Question

Through the years I've come across this scenario more than once. You have a bunch of user-related data that you want to send from one application to another. The second application is expected to "trust" this "token" and use the data within it. A timestamp is included in the token to prevent a theft/re-use attack. For whatever reason (let's not worry about it here) a custom solution has been chosen rather than an industry standard like SAML.

To me it seems like digitally signing the data is what you want here. If the data needs to be secret, then you can also encrypt it.

But what I see a lot is that developers will use symmetric encryption, e.g. AES. They are assuming that in addition to making the data "secret", the encryption also provides 1) message integrity and 2) trust (authentication of source).

Am I right to suspect that there is an inherent weakness here? At face value it does seem to work, if the symmetric key is managed properly. Lacking that key, I certainly wouldn't know how to modify an encrypted token, or launch some kind of cryptographic attack after intercepting several tokens. But would a more sophisticated attacker be able to exploit something here?

Was it helpful?

Solution

Part of it depends on the Encryption Mode. If you use ECB (shame on you!) I could swap blocks around, altering the message. Stackoverflow got hit by this very bug.

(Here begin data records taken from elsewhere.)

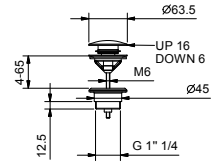

8434

Ablauf

- 1" 1/4
- Druckverschluss
- für Waschbecken ohne Überlaufloch
- für Waschbecken mit Überlaufloch
- Universell

Hinweis: vollständige Liste der Oberflächen bei dem Abschnitt Zubehör am Ende der Preisliste

Chrom	91 02 8434
Matt Gun Metal PVD	91 P5 8434
Matt British Gold PVD	91 P6 8434
Matt Copper PVD	91 P9 8434

Edelstahl gebürstet 91 93 8434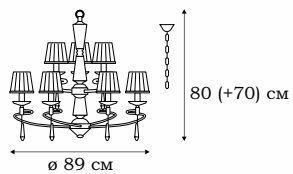

L50809.98

9 x E14 (60W)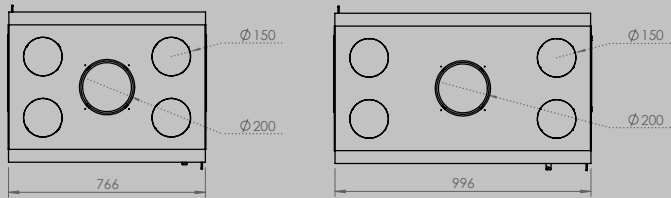

VOORKANT

BOVENKANT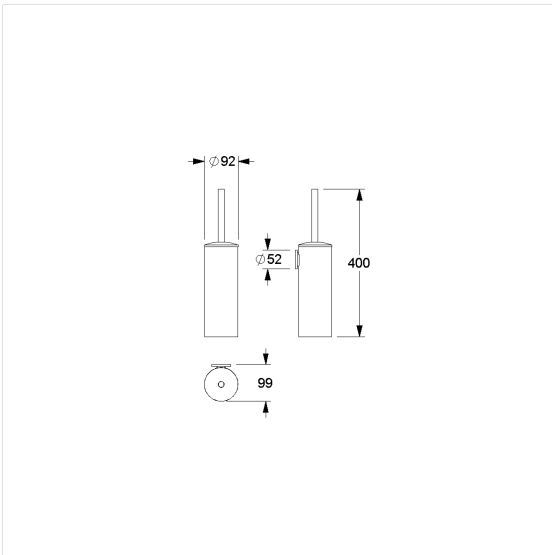

Inox Care WC-Bürstengarnitur

Artikelnummer: 2290180009

Produktbild

Technische Daten

Produktgruppe	5600
Produkt	WC-Bürstengarnitur
Länge	88 mm
Breite	400 mm
Höhe	88 mm
Material	Edelstahl, Werkstoff Nr. 1.4401 (A4, AISI 316)
Oberfläche	fein matt
Farbe	Edelstahl (009)

Technische Zeichnung

Produktbeschreibung

- Inox Care als robuster und zeitloser Klassiker mit bakteriostatischen Eigenschaften
- zentrierte Bürstenstellung
- Bürstentopf zur Reinigung abnehmbar
- mit austauschbarem schwarzen Bürstenkopf \varnothing 76 mm
- zur Wandmontage
- verdeckte Verschraubung
- Lieferung mit Montagematerial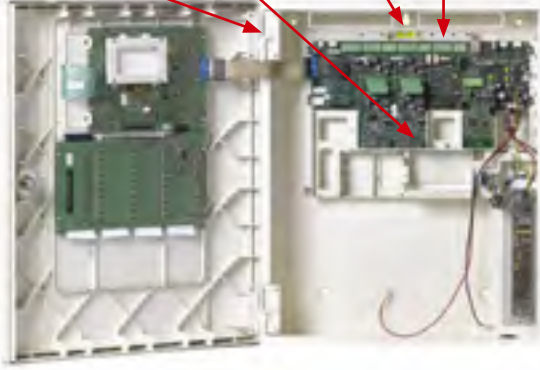

**United
Technologies**

Climate | Controls | Security

2X serisi

Yaratıcı tasarım

Akıllı adreslenebilir can güvenliği sistemleri

Hızlı kurulum ve devreye alma, kolay bakım ve göze çarpan modern tasarımı sayesinde 2X serisi yangın panelleri teknik personelin, kurulum personelinin, mimarların ve yatırımcıların beğenisini kazanmaktadır.

EN54-13 sertifikalı

Kurulum personelinin dostu

Hızlı çıkarılabilen kapak
Hızlı çıkarılabilen metal gövde
Kolay takılıp sökülebilen bağlantı ekipmanları

- Yangın panelleri
- Tekrarlama paneli
- Tahliye paneli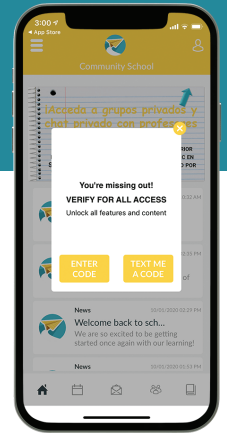

Selecciona tu idioma en la aplicación.

Elige

Escoge la escuela con la que te vas a comunicar, y sus proveedores.

Verifica tus datos

Ingresa el código de confirmación que ReachWell te enviará a tu correo o número telefónico.

Mensajería

Calendario

Académicas

Inscripciones

Recursos Sociales

Descargar la aplicación

Descarga la app

Descarga ReachWell y da click en Aceptar, cuando te pida activar las notificaciones.

Configura tu perfil

Selecciona tu idioma en la aplicación.

Elige

Escoge la escuela con la que te vas a comunicar, y sus proveedores.

Verifica tus datos

Ingresa el código de confirmación que ReachWell te enviará a tu correo o número telefónico.

Mensajería

Calendario

Académicas

Inscripciones

Recursos Sociales

Pakua App

- Pakua**
Pakua programu ya "ReachWell" na "Ruhusu" arifa za kushinikiza
- Weka**
Weka lugha yako
- Ongeza**
Chagua shule yako na watoa huduma
- Thibitisha**
Ingiza nambari ya kuthibitisha ili ufikie vikundi na mazungumzo ya kibinafsi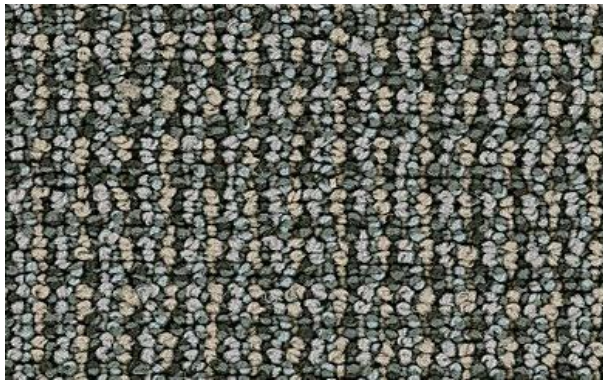

CORPORATE SOLUTIONS II

Estilo: **CORPORATE SOLUTIONS II**
Construcción: Alfombra de rizo con diseño
Fibra: 100% Nailon
Peso: 28 oz/m²
Ancho: 3.66 m
Longitud del rollo: 61 m

00204 STONE

00301 DESERT

00724 RAINFORES

00301 DESERT

Estilo: **CORPORATE SOLUTIONS II**
Construcción: Alfombra de rizo con diseño
Fibra: 100% Nailon
Peso: 28 oz/m²
Ancho: 3.66 m
Longitud del rollo: 61 m

03399 OCEAN

05502 MAGMA

08824 STORM

08831 ATMOSPHER

Less threatening - without any integrity checking, I could perform a man-in-the-middle attack, and swap all sorts of bits around, and you would receive it and attempt to decrypt it. You'd fail of course, but the attempt may be revealing. There are side-channel attacks by "Bernstein (exploiting a combination of cache and microarchitectural characteristics) and Osvik, Shamir, and Tromer (exploiting cache collisions) rely on gaining statistical data based on a large number of random tests." 1 The footnoted article is by a cryptographer of greater note than I, and he advises reducing the attack surface with a MAC:

if you can make sure that an attacker who doesn't have access to your MAC key can't ever feed evil input to a block of code, however, you dramatically reduce the chance that he will be able to exploit any bugs

OTHER TIPS

Yup. Encryption alone does not provide authentication. If you want authentication then you should use an message authentication code such as HMAC or digital signatures (depending on your requirements).

There are quite a large number of attacks that are possible if messages are just encrypted, but not authenticated. Here is just a very simple example. Assume that messages are encrypted using CBC. This mode uses an IV to randomize the ciphertext so that encrypting the same message twice does not result in the same ciphertext. Now look what happens during decryption if the attacker just modifies the IV but leaves the remainder of the ciphertext as is. Only the first block of the decrypted message will change. Furthermore exactly those bits changed in the IV change in the message. Hence the attacker knows exactly what will change when the receiver decrypts the message. If that first block was for example a timestamp an the attacker knows when the original message was sent, then he can easily fix the timestamp to any other time, just by flipping the right bits.

Other blocks of the message can also be manipulated, though this is a little trickier. Note also, that this is not just a weakness of CBC. Other modes like OFB, CFB have similiar weaknesses. So expecting that encryption alone provides authentication is just a very dangerous assumption

A symmetric encryption approach is as secure as the key. If both systems can be given the key and hold the key securely, this is fine. Public key cryptography is certainly a more natural fit.